Our expert answers 3 Questions
As the demand for comparative effectiveness evidence grows, I have been thinking about how decision science methods can be used to provide information on the benefits and harms of clinical interventions and public health programs when data are scarce. My research focuses on child health, where it can be challenging to find data on both short-term and long-term outcomes. Through the use of modeling, we can predict outcomes for child health interventions into adulthood and throughout the lifespan. In collaboration with others, I also have been thinking about how to define patient-centered outcomes in the context of child health.

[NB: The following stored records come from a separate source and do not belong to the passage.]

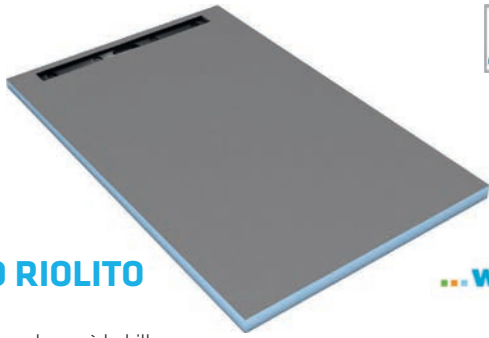

Douche à l'italienne

FUNDO RIOLITO NEO

Receveur à carrelé ou à habiller
Avec évacuation linéaire

Receveur	075100004	IM013453	L. 120 x l. 90 x Ép. 5 cm	749 €
Receveur	075100005	IM011806	L. 180 x l. 90 x Ép. 6 cm	819 €
Bonde écoulement horizontal	077500001	IM011807	l. 20 x H. 27 x P. 15 cm	65 €
Bonde écoulement vertical	077500002	IM014613	l. 20 x H. 27 x P. 15 cm	65 €
Barrette de finition 80 cm	676800008	IM011808	l. 4 x H. 79 x Ép. 1,30 cm	90 €
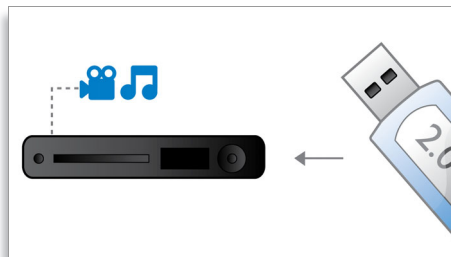

Výkon 350 W RMS

Výkon 350 W RMS poskytuje skvělý zvuk pro filmy a hudbu

Moderní design

Stylový design se skleněnými panely

Kompaktní provedení

Kompaktní design, který se hodí k televizoru s plochou obrazovkou

Vysokorychlostní propojení USB 2.0

Univerzální datová sběrnice neboli USB je standardní protokol, který je obvykle používán

k připojení počítačů, periférií a spotřebního elektronického vybavení. Vysokorychlostní USB zařízení má přenosovou rychlost dat až 480 Mb/s - již od 12 Mb/s v původních USB zařízeních. Díky vysokorychlostnímu propojení USB 2.0 stačí pouze zapojit USB zařízení, zvolit film, hudbu nebo fotografie a začít přehrávat.

Ostřejší obrázky HD

HDMI 1080p se zvýšeným rozlišením poskytuje křišťálově čistý obraz. Filmy natočené ve standardním rozlišení si nyní můžete užívat v pravém vysokém rozlišení s podrobnějším a naprostě přirozeným obrazem. Funkce Progressive Scan (vyjádřena písmenem „p“ v názvu „1080p“) odstraňuje řádkovou strukturu převažující na televizních obrazovkách a opět zajišťuje jednoznačně ostrý obraz. HDMI navíc vytváří přímé digitální připojení, přenášející nekompromované digitální video ve formátu HD nebo digitální vícekanálový zvuk, a to bez nutnosti jeho převodu na analogový zvuk – výsledkem je perfektní obraz a vynikající kvalita zvuku, zaručeně neovlivněná žádným šumem.

In particular, we have been trying to innovatively capture the family spillover effects of having an ill child, which is key to fully valuing the benefits of child health interventions.

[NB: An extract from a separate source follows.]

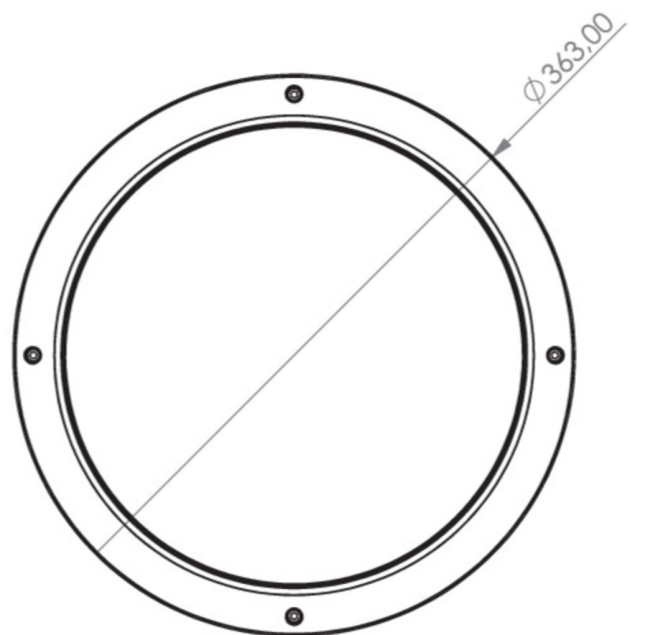

TEKNISK TEGNING

QCW

QCW
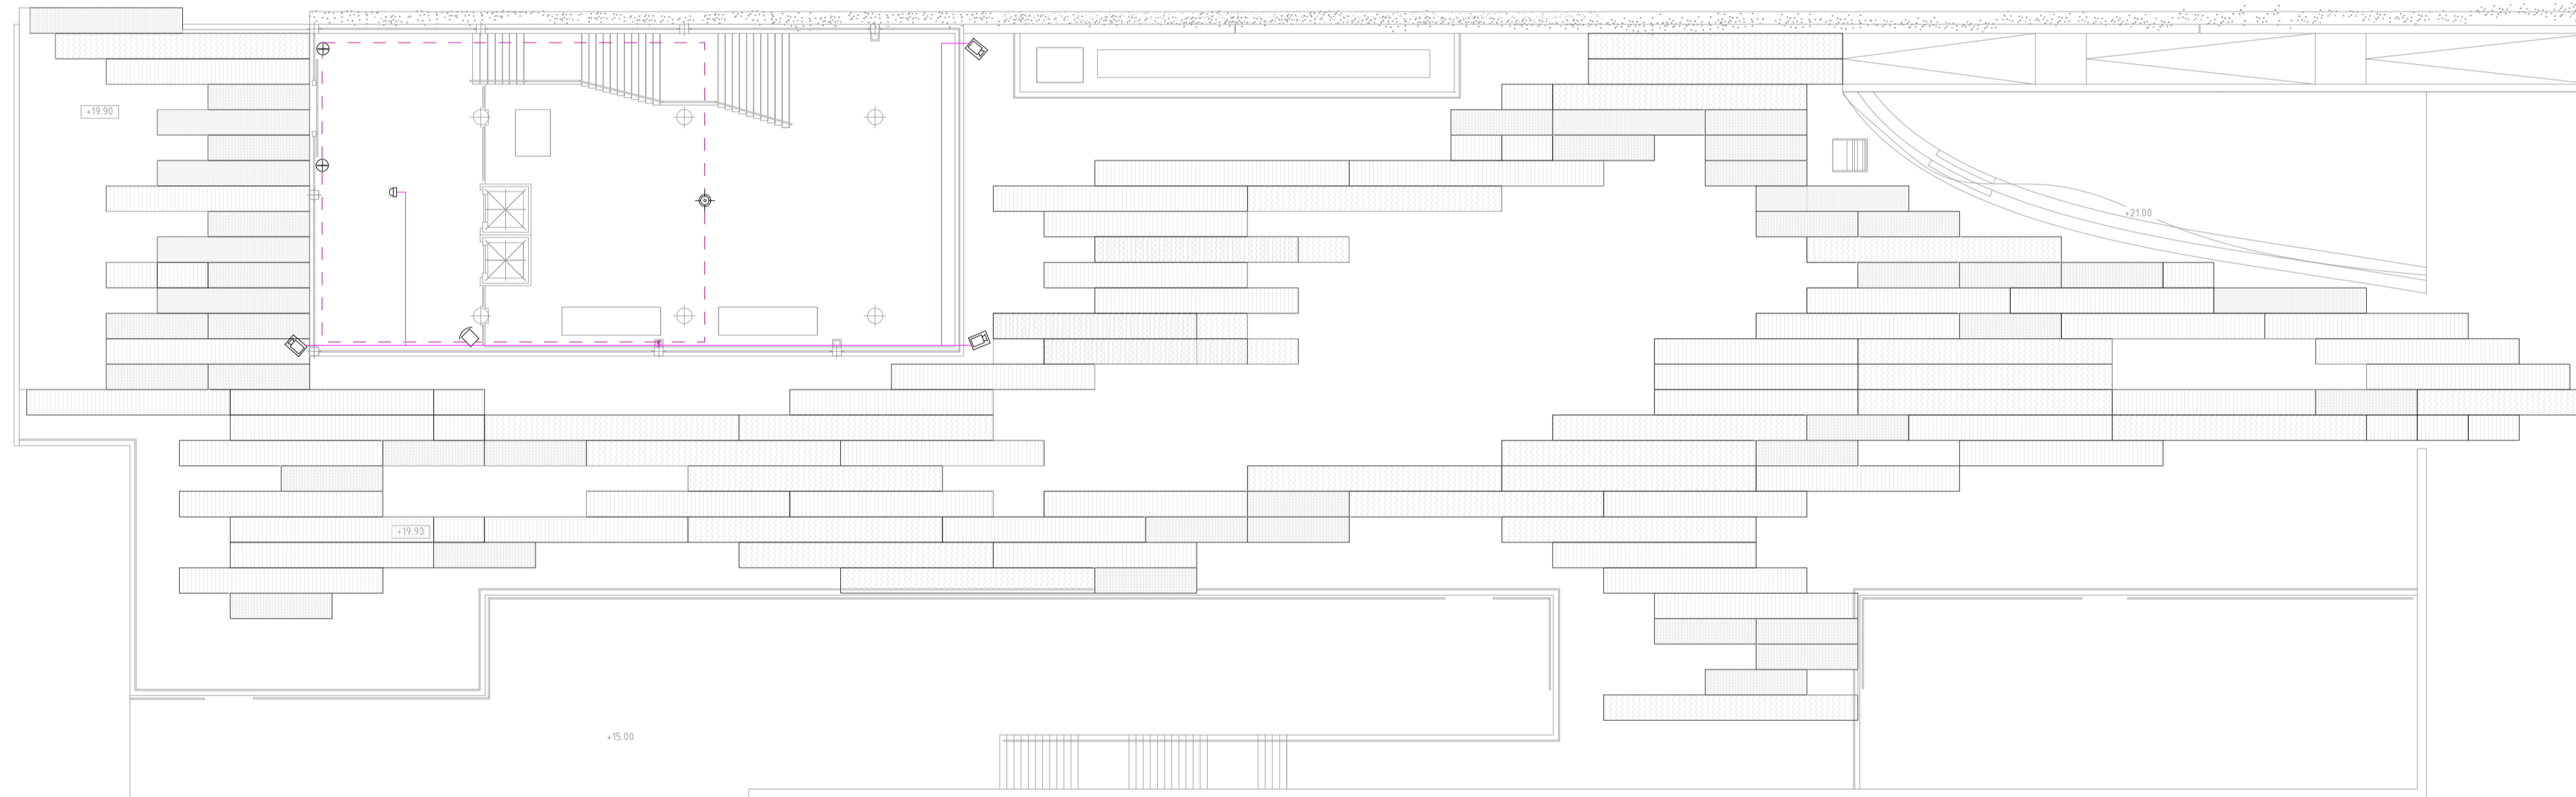

SISTEMA DE SEGURIDAD

INSTALACIÓN DE SEGURIDAD Y TELECOMUNICACIONES. Planta primera _ Escala 1/200.

The use of modeling provides a structured approach to decision making, often requiring explicit discussion of assumptions that may otherwise remain unexamined. This increased transparency in the decision-making process can lead to more informed decisions and increased consensus for clinical guidelines and public health programs. Understanding the range of possible outcomes and where the most uncertainty lies through the use of simulation modeling can lead to better decisions.

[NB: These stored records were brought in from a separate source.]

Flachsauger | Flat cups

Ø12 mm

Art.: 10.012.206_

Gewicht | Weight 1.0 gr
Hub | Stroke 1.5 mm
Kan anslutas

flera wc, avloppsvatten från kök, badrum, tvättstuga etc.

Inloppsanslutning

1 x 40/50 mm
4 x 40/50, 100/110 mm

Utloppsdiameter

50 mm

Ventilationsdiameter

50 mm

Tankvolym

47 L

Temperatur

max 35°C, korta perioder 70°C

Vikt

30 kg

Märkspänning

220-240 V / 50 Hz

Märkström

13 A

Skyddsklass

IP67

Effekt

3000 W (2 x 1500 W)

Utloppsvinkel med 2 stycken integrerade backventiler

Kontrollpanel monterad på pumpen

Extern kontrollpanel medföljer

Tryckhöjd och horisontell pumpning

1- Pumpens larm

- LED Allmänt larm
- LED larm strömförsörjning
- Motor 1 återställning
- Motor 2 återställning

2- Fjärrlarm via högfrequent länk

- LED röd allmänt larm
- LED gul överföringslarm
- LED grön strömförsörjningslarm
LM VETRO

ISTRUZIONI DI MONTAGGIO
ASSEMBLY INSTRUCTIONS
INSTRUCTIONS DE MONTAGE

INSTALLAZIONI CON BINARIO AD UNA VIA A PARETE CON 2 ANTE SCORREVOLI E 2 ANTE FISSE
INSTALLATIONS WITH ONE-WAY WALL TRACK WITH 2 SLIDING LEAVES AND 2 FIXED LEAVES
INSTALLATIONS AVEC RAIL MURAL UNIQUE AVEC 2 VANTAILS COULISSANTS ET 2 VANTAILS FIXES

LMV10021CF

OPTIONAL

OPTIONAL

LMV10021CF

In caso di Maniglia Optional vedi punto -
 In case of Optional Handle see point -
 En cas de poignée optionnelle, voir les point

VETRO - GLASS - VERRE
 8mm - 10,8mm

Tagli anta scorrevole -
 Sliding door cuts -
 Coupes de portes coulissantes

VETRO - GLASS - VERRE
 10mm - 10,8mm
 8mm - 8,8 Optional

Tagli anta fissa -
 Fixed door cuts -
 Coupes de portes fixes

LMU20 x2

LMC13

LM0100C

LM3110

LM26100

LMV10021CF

We have used decision models to support national policy recommendations for universal newborn screening. Decision analytic modeling can be used in many situations in which it is unethical or infeasible to conduct randomized trials. Through modeling, we can conduct “simulated clinical trials” to provide relevant information for national policy decisions and clinical guidelines. For evaluating child health interventions, I anticipate that we will see increased use of modeling to inform health care decision making, as well as new definitions of family-centered outcomes. With respect to outcomes, it’s exciting to consider new measures for valuing child health that go beyond the individual patient perspective.